Stage 2: The creation of a narrative

Narratives are increasingly being used as a tool for behaviour change. Hinyard and Kreuter define a narrative as ‘any cohesive and coherent story with an identifiable beginning, middle, and end that provides information about scene, characters, and conflict; raises unanswered questions or unresolved conflict; and provides resolution’ [45]. Instead of presenting facts and arguments for changing behaviour, a narrative intervention translates these into actions and experiences of characters within a chronological series of events [46]. Information presented in a narrative has a stronger effect on knowledge, attitudes and intentions than the same information in a non-narrative format [47]. Narrative is particularly useful for changing perceived social norms and behavioural intentions [48, 49]. To be effective for behaviour change, the narrative and the characters in it have to engage the reader, a process aided if the protagonists are culturally similar to the target audience [50, 51]. The narrative also has to be plausible and internally consistent [52]. The depiction of a character who succeeds against the odds can boost motivation for personal goals [53].

Designing the narrative

The narrative explicitly followed the sequence of the behaviour change strategy from motivation through action to maintenance of reduced drinking. It described the journey of a central character, Dave, as he decided that his drinking was a problem and moved from regular binge drinking to moderated consumption. The narrative also included Dave’s wife Christine and a few of his friends (Table 1). The number of named characters, and the background information on each, was limited to ensure that the study participants could follow their individual stories. The narrative was written out in full before considering how it could be rendered into text messages.
Table 1

Characters in the narrative

Characters in the narrative

Main character:

 Dave is a family man who is married to Christine. He initially believes he is a ‘mature’ drinker. He subsequently realises that he is a regular binge drinker and becomes aware of the potential risks from his drinking. He models behaviour change techniques that are likely to work but also experiences lapses along the way. In the end, he achieves his goal to cut down on his drinking and is satisfied with the outcome of the changes he has made.

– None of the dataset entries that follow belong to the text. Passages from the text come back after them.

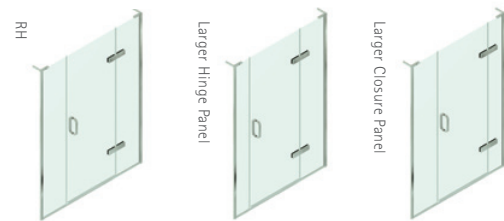

MODEL RECESS	DIMENSIONS (MM)			PRICES		
	A + B + C	A	B	C	PRICE (EX. VAT)	PRICE (INC. VAT)
EPI1000	965 – 995	600	200	200	£1,534.00	£1,840.80
EPI1050	1015 – 1045	600	250	200	£1,539.00	£1,846.80
EPI1100	1065 – 1095	700	200	200	£1,544.00	£1,852.80
EPI1150	1115 – 1145	700	250	200	£1,555.00	£1,866.00
EPI1200	1165 – 1195	800	200	200	£1,569.00	£1,882.80
EPI1250	1215 – 1245	800	250	200	£1,580.00	£1,896.00
EPI1300	1265 – 1295	700	200	400	£1,592.00	£1,910.40
EPI1350	1315 – 1345	800	250	300	£1,603.00	£1,923.60
EPI1400	1365 – 1395	800	200	400	£1,617.00	£1,940.40
EPI1450	1415 – 1445	800	250	400	£1,628.00	£1,953.60
EPI1500	1465 – 1495	700	400	400	£1,638.00	£1,965.60
EPI1550	1515 – 1545	800	400	350	£1,652.00	£1,982.40
EPI1600	1565 – 1595	800	400	400	£1,663.00	£1,995.60
EPI1650	1615 – 1645	800	450	400	£1,667.00	£2,000.40
EPI1700	1665 – 1695	800	450	450	£1,688.00	£2,025.60
EPI1750	1715 – 1745	800	500	450	£1,693.00	£2,031.60
EPI1800	1765 – 1795	800	500	500	£1,711.00	£2,053.20
EPI1850	1815 – 1845	800	500	550	£1,720.00	£2,064.00
EPI1900	1865 – 1895	800	500	600	£1,730.00	£2,076.00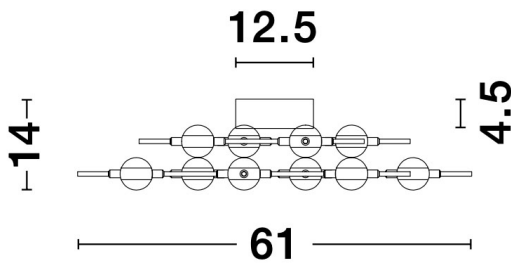

NOVA LUCE

PRODUCT DATASHEET

Version: 001

PRODUCT PHOTOGRAPH

TECHNICAL DRAWING

GENERAL INFORMATION

Product Code	9180610
Collection	Decorative
Product Category	Ceiling
Product Family	Atomo
Mounting Location	Ceiling
Application Environment	Indoor

DIMENSION & WEIGHT

LxWxH (cm)	L: 61 W: 52 H: 14
Cut out (cm)	N/A
Weight (Kgr)	1.7

MATERIAL & COLOR

Product Color	Gold
Body Material	Metal & Acrylic

APPLICATION & MOUNTING

Ambient Working Temp.	Max 45 oC
Type of Protection	IP20
Dimmable	Yes
Type of Dimming (Optional)	Triac
Mounting type	Ceiling
Mounting Depth (cm)	N/A
Led Module Replaceable	No
Light Source	LED

Other characters (Dave’s friends):

 Stevie is the unmarried ‘antagonist’ character. He has few responsibilities; he is unemployed and lives with his mother. Stevie often encourages everyone around him to drink.

 Dougie has had serious alcohol-related problems in the past. He lives with a long-suffering partner (Sadie) but has a troubled relationship. He also tries to change his drinking but gets it wrong more often than Dave.

 Alec was previously a heavy drinker but is now a mature, sensible drinker. He is respected by the others and is a role model for Dave.

The characters were designed to make them credible to the participants [54] so they could form personal connections with them [55]. Dave was presented as someone who believed he was a mature drinker (a family man with responsibilities) but who was still binge drinking frequently. He was designed to be likeable and as someone who would succeed in changing his behaviour. However, so that the participants would empathise with his experiences, he also faced disappointment and failure before finally achieving his goals. Dave’s fallibility was intended to encourage men to identify with him and his resilience to inspire them. He modelled the process of reflection on his drinking to encourage participants to review their own behaviour, motivations and circumstances. The steps in the behaviour change strategy that Dave demonstrated are shown in Table 2. Using Dave to model these steps allowed the intervention to focus on specific rather than general behaviours and to set them in a social context familiar to participants. This process may engender self-efficacy through vicarious experience, particularly if the men identify with the characters in the narrative.
Table 2

Steps to behaviour change modelled in the narrative

Modelled by Dave

 Self-monitoring of drinking

 Risk perception

 Changes in outcome expectancies for heavy/binge drinking

 Increasing intention to reduce drinking

 Subjective norms

 Goal setting

 Action planning

 Increasing action self-efficacy

 Benefits of success at sticking to the plan

 Relapse

 Coping planning

 Coping self-efficacy

 Satisfaction with changed drinking pattern

 Maintenance from benefits of achieving goals

Dave’s friends, like the protagonist, were also people with whom the participants could identify. They differed in drinking patterns (e.g. previous heavy drinker, regular heavy binge drinker) and in their demographic characteristics (i.e. employed/unemployed, single/in a relationship/family man). An important role of the characters was to make the harms of alcohol more relevant and concrete to the participants. These characters were more likely to fail in achieving their goals, a feature intended to promote empathy and elicit sympathy from participants. One character, Alec, the previous heavy drinker, was presented as an admirable role model.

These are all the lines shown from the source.